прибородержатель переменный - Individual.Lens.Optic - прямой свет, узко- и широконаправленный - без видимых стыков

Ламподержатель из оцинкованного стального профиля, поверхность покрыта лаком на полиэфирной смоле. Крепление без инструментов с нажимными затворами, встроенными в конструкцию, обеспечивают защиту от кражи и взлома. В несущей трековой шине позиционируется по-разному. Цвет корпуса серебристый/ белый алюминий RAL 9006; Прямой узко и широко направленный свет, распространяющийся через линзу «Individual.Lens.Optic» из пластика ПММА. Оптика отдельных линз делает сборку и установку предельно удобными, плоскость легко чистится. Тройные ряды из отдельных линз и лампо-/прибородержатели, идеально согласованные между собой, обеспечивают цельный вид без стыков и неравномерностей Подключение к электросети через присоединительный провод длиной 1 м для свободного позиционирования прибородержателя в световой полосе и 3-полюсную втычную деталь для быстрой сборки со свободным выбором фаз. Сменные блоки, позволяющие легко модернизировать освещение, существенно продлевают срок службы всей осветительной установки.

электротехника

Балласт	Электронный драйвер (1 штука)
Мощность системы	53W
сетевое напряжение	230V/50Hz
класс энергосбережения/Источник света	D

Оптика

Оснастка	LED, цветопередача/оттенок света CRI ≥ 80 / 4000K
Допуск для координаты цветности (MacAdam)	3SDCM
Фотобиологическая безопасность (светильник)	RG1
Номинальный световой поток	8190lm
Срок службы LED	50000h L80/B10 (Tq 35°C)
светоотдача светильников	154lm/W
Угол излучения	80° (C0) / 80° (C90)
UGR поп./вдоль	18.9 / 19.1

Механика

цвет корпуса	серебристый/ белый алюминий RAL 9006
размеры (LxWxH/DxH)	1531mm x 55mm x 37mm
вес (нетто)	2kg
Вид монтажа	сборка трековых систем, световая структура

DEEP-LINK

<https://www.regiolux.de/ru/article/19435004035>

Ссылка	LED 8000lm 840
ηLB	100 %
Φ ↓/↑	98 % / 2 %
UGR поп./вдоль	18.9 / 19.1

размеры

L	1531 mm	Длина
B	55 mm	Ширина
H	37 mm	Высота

◇ ◇ ◇

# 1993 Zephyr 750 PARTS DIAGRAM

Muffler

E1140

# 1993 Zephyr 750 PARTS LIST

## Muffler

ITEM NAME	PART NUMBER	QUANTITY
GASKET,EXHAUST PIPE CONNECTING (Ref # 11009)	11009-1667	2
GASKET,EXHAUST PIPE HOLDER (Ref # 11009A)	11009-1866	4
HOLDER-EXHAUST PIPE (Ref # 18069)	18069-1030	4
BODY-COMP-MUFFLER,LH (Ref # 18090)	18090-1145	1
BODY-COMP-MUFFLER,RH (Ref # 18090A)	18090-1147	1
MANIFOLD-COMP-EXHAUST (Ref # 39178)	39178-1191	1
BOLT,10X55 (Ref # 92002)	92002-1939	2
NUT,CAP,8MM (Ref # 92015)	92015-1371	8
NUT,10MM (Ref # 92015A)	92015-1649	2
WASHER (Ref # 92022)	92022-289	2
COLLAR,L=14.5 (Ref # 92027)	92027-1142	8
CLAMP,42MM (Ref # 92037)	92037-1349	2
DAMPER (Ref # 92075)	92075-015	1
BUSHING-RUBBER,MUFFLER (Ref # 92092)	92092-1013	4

◇ ◇ ◇

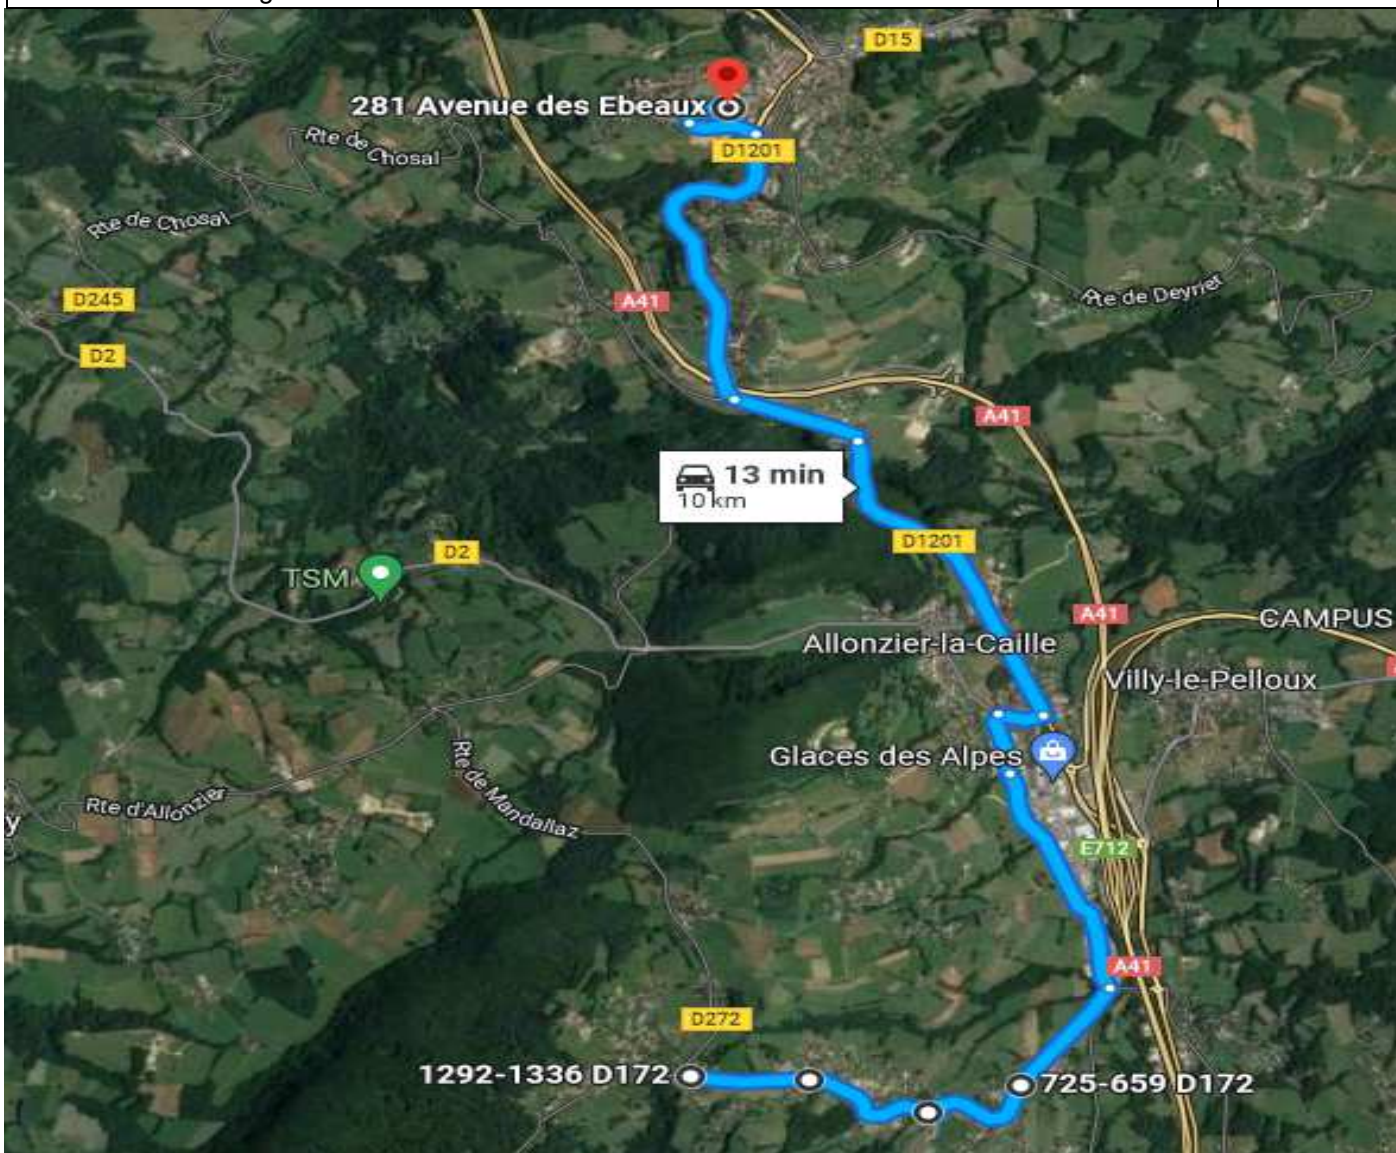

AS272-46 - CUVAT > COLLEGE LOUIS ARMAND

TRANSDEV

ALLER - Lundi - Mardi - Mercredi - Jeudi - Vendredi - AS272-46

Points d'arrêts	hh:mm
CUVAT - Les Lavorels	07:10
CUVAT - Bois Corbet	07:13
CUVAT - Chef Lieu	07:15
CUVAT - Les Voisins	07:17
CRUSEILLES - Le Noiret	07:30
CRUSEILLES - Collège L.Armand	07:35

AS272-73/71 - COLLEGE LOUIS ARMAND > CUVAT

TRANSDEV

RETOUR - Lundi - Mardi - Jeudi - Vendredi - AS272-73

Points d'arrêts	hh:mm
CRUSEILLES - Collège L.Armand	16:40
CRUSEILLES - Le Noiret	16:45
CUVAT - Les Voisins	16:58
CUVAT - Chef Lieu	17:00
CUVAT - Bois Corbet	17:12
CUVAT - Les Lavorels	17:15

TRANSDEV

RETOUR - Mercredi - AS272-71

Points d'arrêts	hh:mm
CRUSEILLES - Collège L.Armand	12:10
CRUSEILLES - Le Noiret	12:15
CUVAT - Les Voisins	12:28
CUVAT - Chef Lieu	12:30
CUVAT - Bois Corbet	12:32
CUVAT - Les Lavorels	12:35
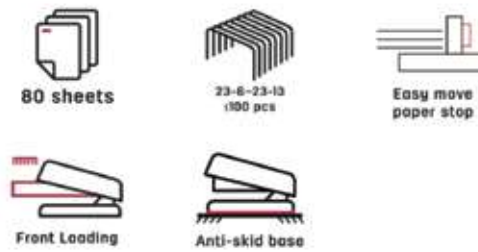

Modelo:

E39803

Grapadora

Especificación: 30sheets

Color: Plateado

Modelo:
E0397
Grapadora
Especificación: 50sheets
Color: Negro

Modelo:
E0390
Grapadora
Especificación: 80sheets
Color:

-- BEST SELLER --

◇ ◇ ◇

Find how many lines in the material above hold the word "Bois", then reply with only that figure.

:: ANSWER SPACE ::
3